Ariel Center for
Policy Research

A JOURNAL OF POLITICS AND THE ARTS

 

NATIV   ■   Volume Thirteen   ■   Number 3 (74)  ■  June 2000   ■  Ariel Center for Policy Research

 

SYNOPSIS

 


Hebrew Renaissance: Option or Destiny

Aharon Amir

This is basically meant to be a concise partial view of various indications, whether recent or less so, of an apparently recurring awareness among Israelis of the so-called "Hebrew" idea, built into a comprehensive ideology at the turn of the 1940s by the late Hebrew poet, Yonatan Ratosh.

The hallmark of the "Hebrew" ("Canaanite") outlook is an assertion of a newly-forged specific Nationhood, based on Hebrew as a de-sanctified vernacular and on the Land of Israel as a de-sanctified Homeland, in an ongoing integrating societal process of e pluribus unum.

This process is perceived to have been at the very root of present-day Israel and even of the early pre-state pioneering community, which somehow, spontaneously or intuitively, came to consider itself, since its inception, as Hebrew rather than Jewish or Judaic.  Hence, the perception of built-in tension or even contrast between professed collective ideals and a visceral quest for autonomous self-assertion.
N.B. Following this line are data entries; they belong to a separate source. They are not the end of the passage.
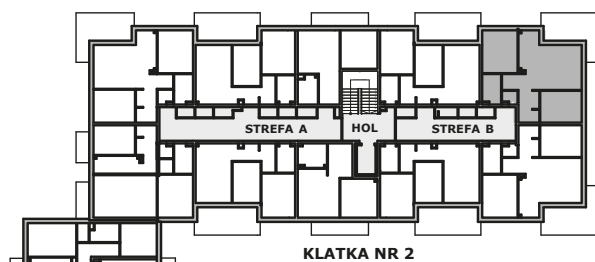

Piano PARK

KOMPOZYCJA PIĘKNA

APARTAMENT NR: 55

powierzchnia - 61,94 M²
piętro 2, budynek H

ZOBACZ CENĘ APARTAMENTU

G.01 POKÓJ Z ANEKSEM	25,68 m ²
G.02 POKÓJ	12,28 m ²
G.03 POKÓJ	10,73 m ²
G.04 HOL	5,30 m ²
G.05 HOL	2,12 m ²
G.06 ŁAZIENKA	4,41 m ²
G.07 WC	1,42 m ²
TARAS	15,34 m ²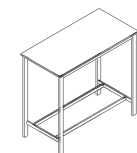

Table break haute avec plateau rectangulaire en bois ou en verre et structure en métal avec pieds périmétraux et barres repose-pieds.

Pausa P

CSR Las Mobili

Tavolo break alto con piano rettangolare e struttura pannellata in legno e barre poggiapiedi in tubo di acciaio inox.

Tavoli break | Tables for break areas | Tables break

Pausa T

L 120
P 60
H 110

Pausa P

L 120
P 50
H 110

Convivio

L 120
P 70
H 75

Fungo

LxP 80 x 50
LxP 80 x 80
H1 60 / H2 73

Tavoli coffee | Coffee tables | Tables basses

Seguo coffee

L 90
P 60
H 47,5 / 73,5▲

Fungo coffee

LxP 80 x 50
LxP 80 x 80
H 45

Segno

LxP 60 x 60
LxP 80 x 80
H 40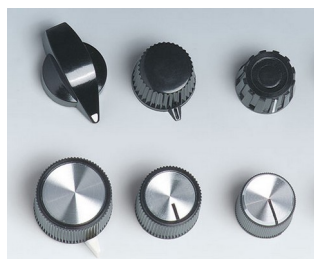

- modelos e tamanhos diferentes: práticos com boa aderência
- efeito de metal de alta qualidade com tampa de alumínio ou embelezador inserido; a cor e o estilo do seu painel frontal constituem um todo unificado
- modelos com marcações; vantagem para ajuste e indicação
- parafuso lateral, que fixa, para potenciômetro rotativo com pontas de eixo
- tamanhos de  $\varnothing$  12 a  $\varnothing$  38 mm com tamanhos de eixo de 4 mm ou 6 mm
- acessório de inserção: furo reduzido 6-4 mm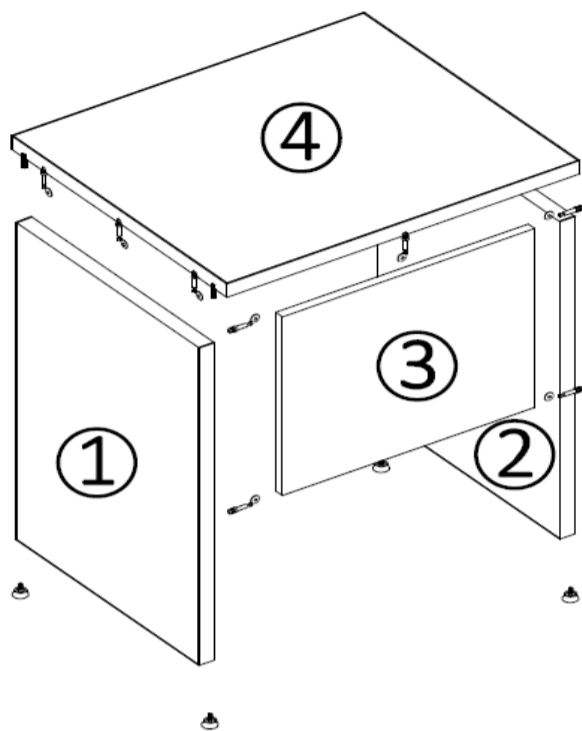

Front View
Изглед отпред

Side View
Страничен изглед

Up View
Изглед нагоре

Perspective View
Перспективен изглед

PARTS INSIDE THE BOX
ЧАСТИ ВЪТРЕ В КУТИЯТА

① 710x510x30 (mm)

② 710x510x30 (mm)

③ 600x400x18 (mm)

④ 800x600x18 (mm)

11X

11X

4X

STEP BY STEP INSTALLATION STAGES
СТЪПКА ПО СТЪПКА ЕТАПИ НА МОНТАЖ

1

2

3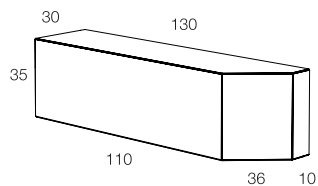

CAN
TO
DSH

minottiitalia

Contenitore pensile in agglomerato di legno con anta vasistas o ribalta. Finitura goffrata nei colori a campionario.

La spalla esterna obliqua puo' essere a specchio.

Wall case in composite wood with vasistas or flap door. Embossed finishing in all colours of our sample catalogue.

The external inclined side can be mirrored.

0,23

1

26

SPECCHIO OPTIONAL
OPTIONAL MIRROR

A = LOCK 

SX

95 / 100cm

The small group of recalcitrant intellectuals and freedom-fighters of local vintage, which at the time made the attempt of creating a cultural-cum-political rallying point for like-minded "Young Hebrews", though quite ineffective as an organization, did leave its long-term mark in the cultural scene of Israel, at the same time surviving as a pristine challenging alternative option as opposed to the entire setup of the country's Judeo-Zionist establishment and its prevalent system of values.